Comparison of Linear and Nonlinear Energy Harvesting
Strategies with Uncertainty
B.P. Mann 1 , D.A.W. Barton 2
1 Duke University, Department of Mechanical Engineering & Material Science,
Durham, NC 27708, USA
e-mail: brian.mann@duke.edu
2
University Bristol, Department of Engineering Mathematics,
Bristol, U.K.
Abstract
The present article investigates how linear and nonlinear energy harvesting strategies are affected by uncertainties. Comparisons are made between a prototypical harvester - one that uses a linear oscillator and
electromagnetic induction for energy conversion - and the same system with different types of nonlinear
restoring forces. The dimensionless equations are used for each of these systems to generalize the results
that elucidate which types of strategies are more robust to uncertainty.
1 Introduction
The success of portable electronics and remote sensing devices is dependent upon the availability of remote
power. While batteries can sometimes fulfill this role over short time intervals, they are often undesirable
due to their finite life span, need for replacement and environmental impact. Instead, researchers are now
investigating methods of scavenging energy from the environment to eliminate the need for batteries or to
prolong their life [1]. While solar, chemical and thermal sources of energy transfer are sometimes viable,
many have recognized the abundance of environmental disturbances that cause either rigid body motion or
structural vibrations.

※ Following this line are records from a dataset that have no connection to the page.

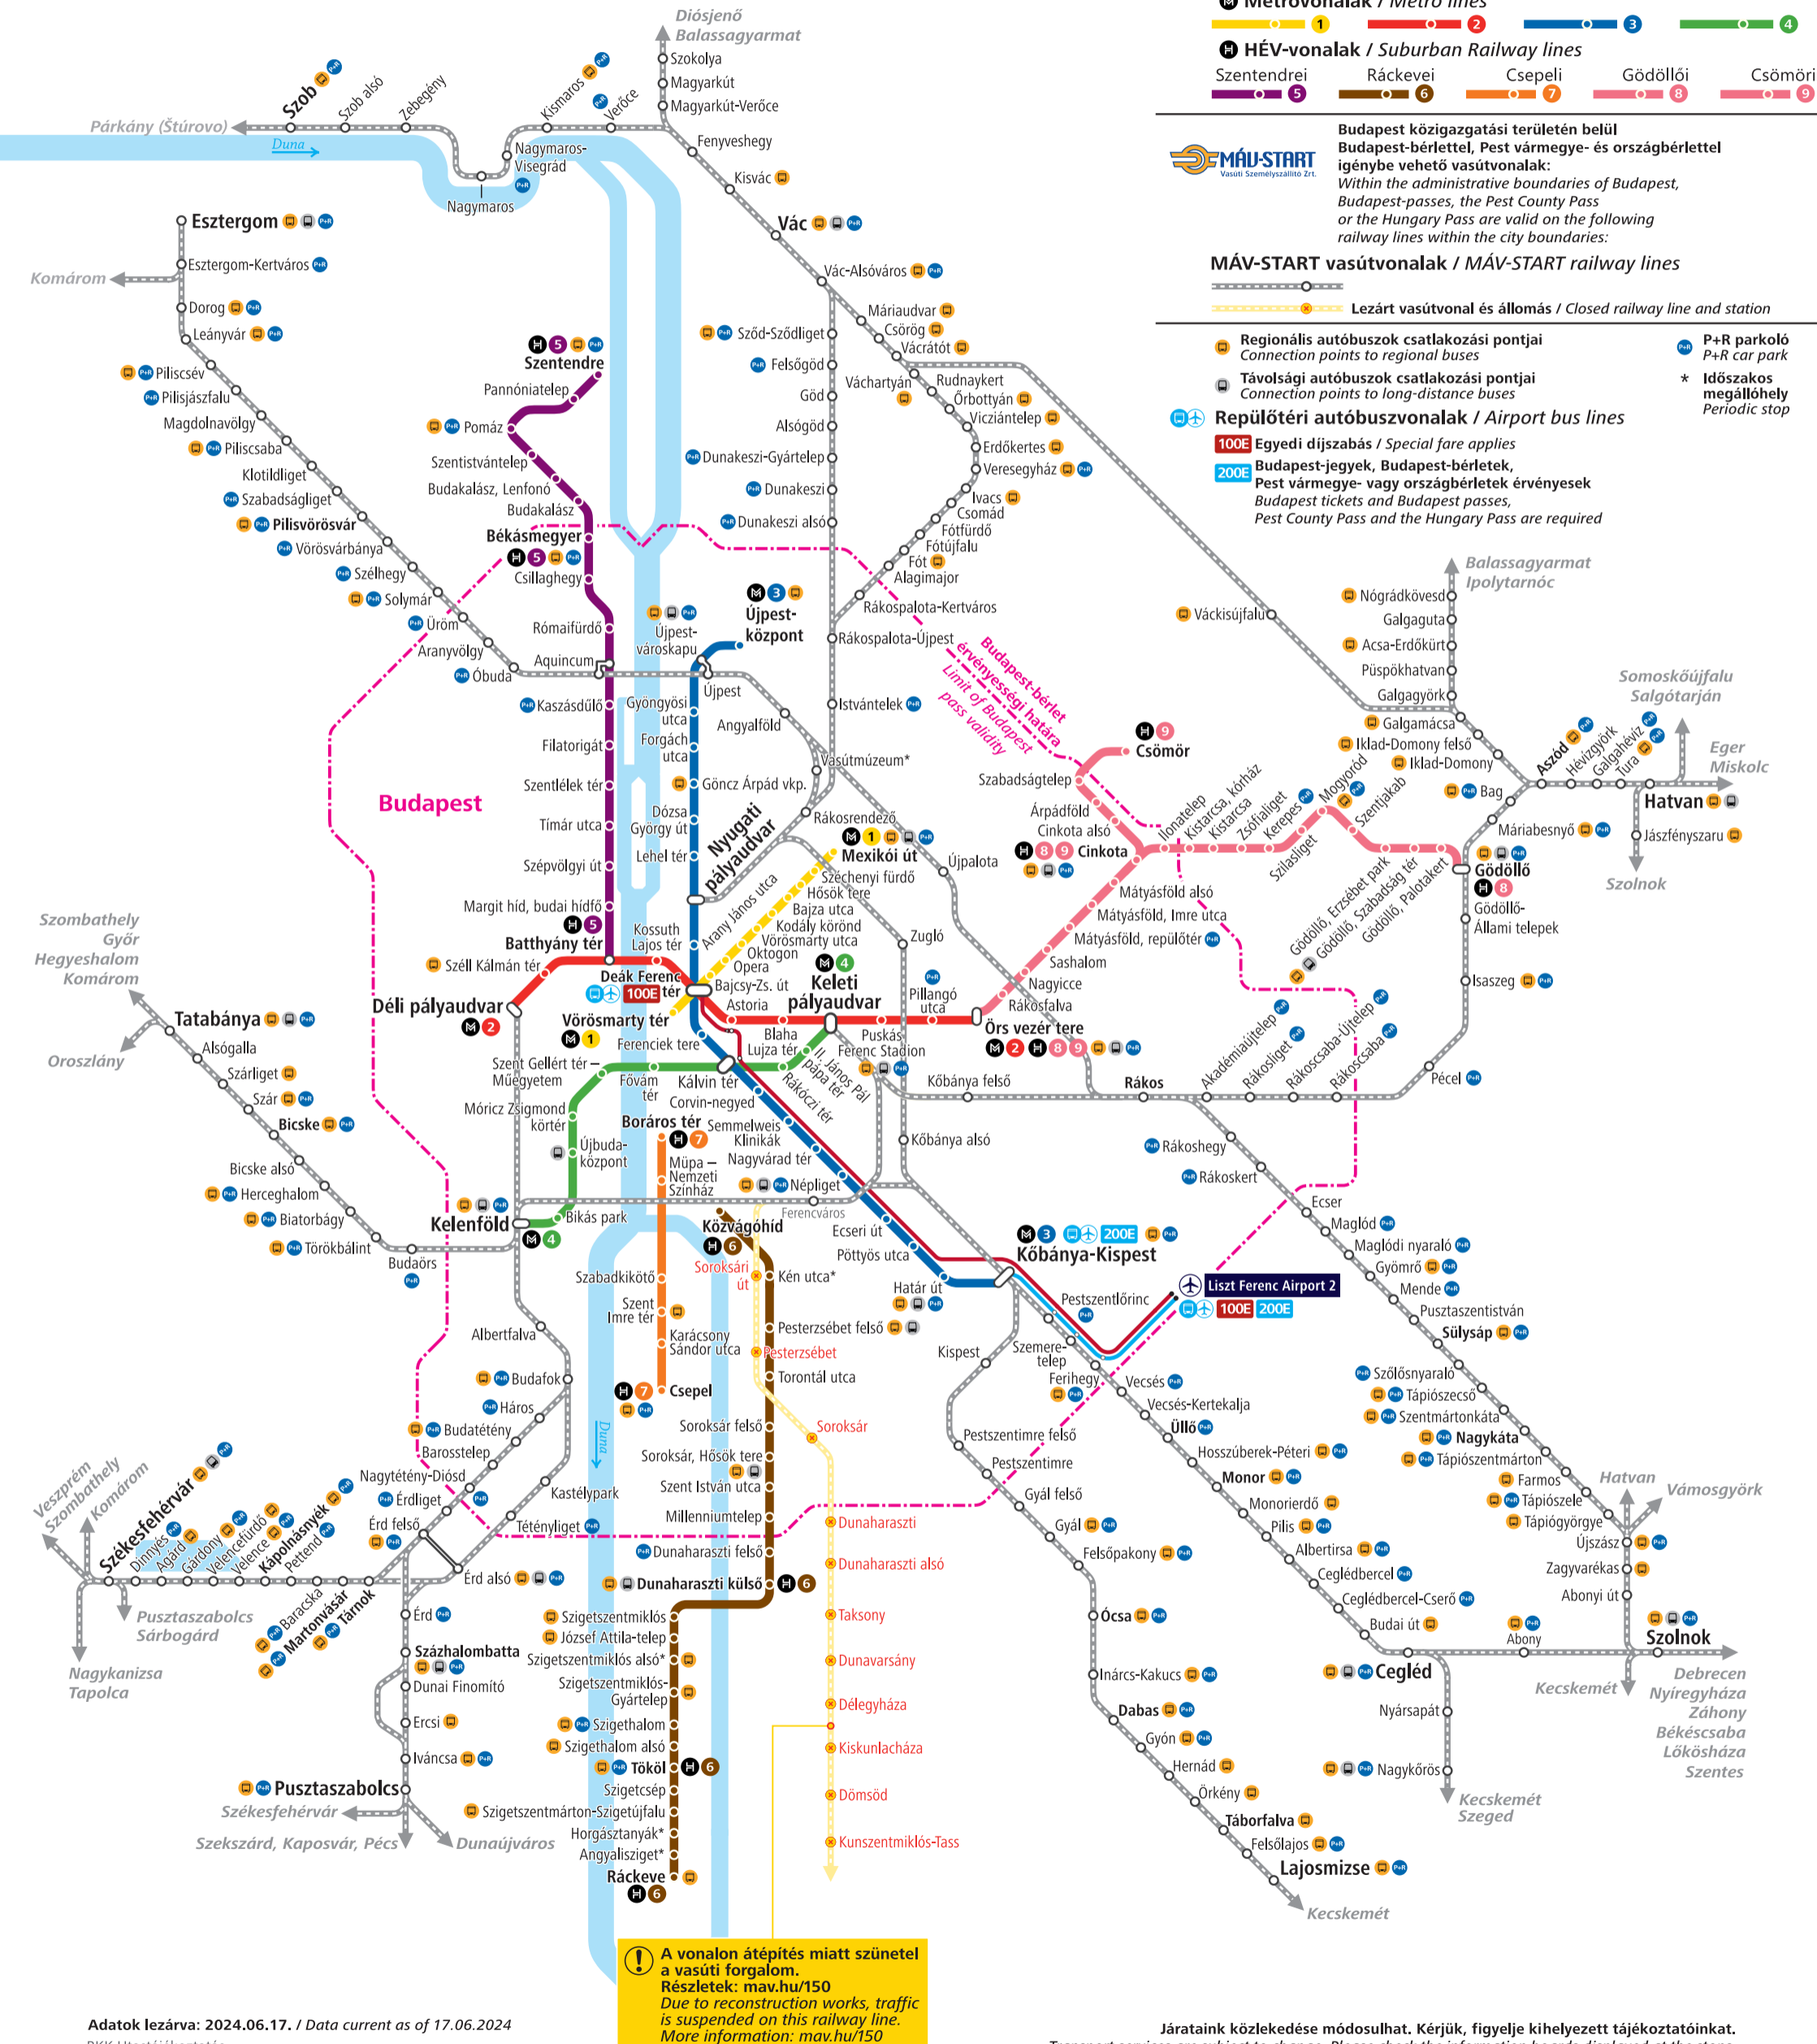

Budapest és környékének vasúti hálózata

Railway network of Budapest and its vicinity

Budapesten belüli utazáshoz Budapest-jegyekkel, Budapest-bérletekkel, Pest vármegye- vagy országbérletekkel igénybe vehető vonalak: Budapest tickets and Budapest passes, Pest County Pass and the Hungary Pass are valid on the following lines within the city boundaries:

Metróvonalak / Metro lines

- 1 (Yellow)
- 2 (Red)
- 3 (Blue)
- 4 (Green)
- 5 (Purple)
- 6 (Brown)
- 7 (Orange)
- 8 (Pink)
- 9 (Light Blue)

HÉV-vonalak / Suburban Railway lines

- Szentendrei
- Ráckevei
- Csepeli
- Gödöllői
- Csömöri

Budapest közigazgatási területén belül Budapest-bérlettel, Pest vármegye- és országbérlettel igénybe vehető vasútvonalak: Within the administrative boundaries of Budapest, Budapest-passes, the Pest County Pass or the Hungary Pass are valid on the following railway lines within the city boundaries:

MÁV-START vasútvonalak / MÁV-START railway lines

- Lezárt vasútvonal és állomás / Closed railway line and station

Regionális autóbuszok csatlakozási pontjai

Connection points to regional buses

Távolsági autóbuszok csatlakozási pontjai

Connection points to long-distance buses

Repülőtéri autóbuszvonalak / Airport bus lines

100E Egyedi díjszabás / Special fare applies

P+R parkoló P+R car park

* Időszakos megállóhely Periodic stop

! A vonalon átépítés miatt szünetel a vasúti forgalom. Részletek: mav.hu/150
Due to reconstruction works, traffic is suspended on this railway line. More information: mav.hu/150

Adatok lezárva: 2024.06.17. / Data current as of 17.06.2024
BKK Utastájékoztató

Járatink közlekedése módosulhat. Kérjük, figyelje kihelyezett tájékoztatóinkat.
Transport services are subject to change. Please check the information boards displayed at the stops.

www.mav-hev.hu | mav-hev@mav-hev.hu
www.bkk.hu | bkk@bkk.hu | +36 1 3 255 255

This has led to a dramatic increase in the number of studies for vibration-based energy
harvesting.
While the research over the past decade has primarily focused on inertial generators that operate in a linear
regime, recent work suggests that designing a harvester to operate in a nonlinear regime can improve the
harvesters performance [2]. More specifically, several research groups are now investigating the use of
nonlinearities to extend the bandwidth, broaden the frequency spectrum, and/or to facilitate tuning. These
efforts take aim at overcoming the limitations of linear devices, which only perform well for a narrow band
of frequencies [2].
The output power is one of the most important measures of performance. It is most often reported as the peak
power, the average peak power, or the peak power divided by one or more quantities - such as the volume or
the base acceleration. Despite the fact that recent efforts have begun to question whether a linear or nonlinear
strategy should be used, little to no work has appeared to quantify the affect that uncertainties in the physical
parameters have on the uncertainty in the output power. However, many sources of uncertainty exist - such
as uncertainties in the lowest natural frequency, damping, excitation source, and physical dimensions that
can dramatically alter the performance. This has motivated the authors to consider the question of whether a
measure of robustness should accompany the typically reported values of peak performance.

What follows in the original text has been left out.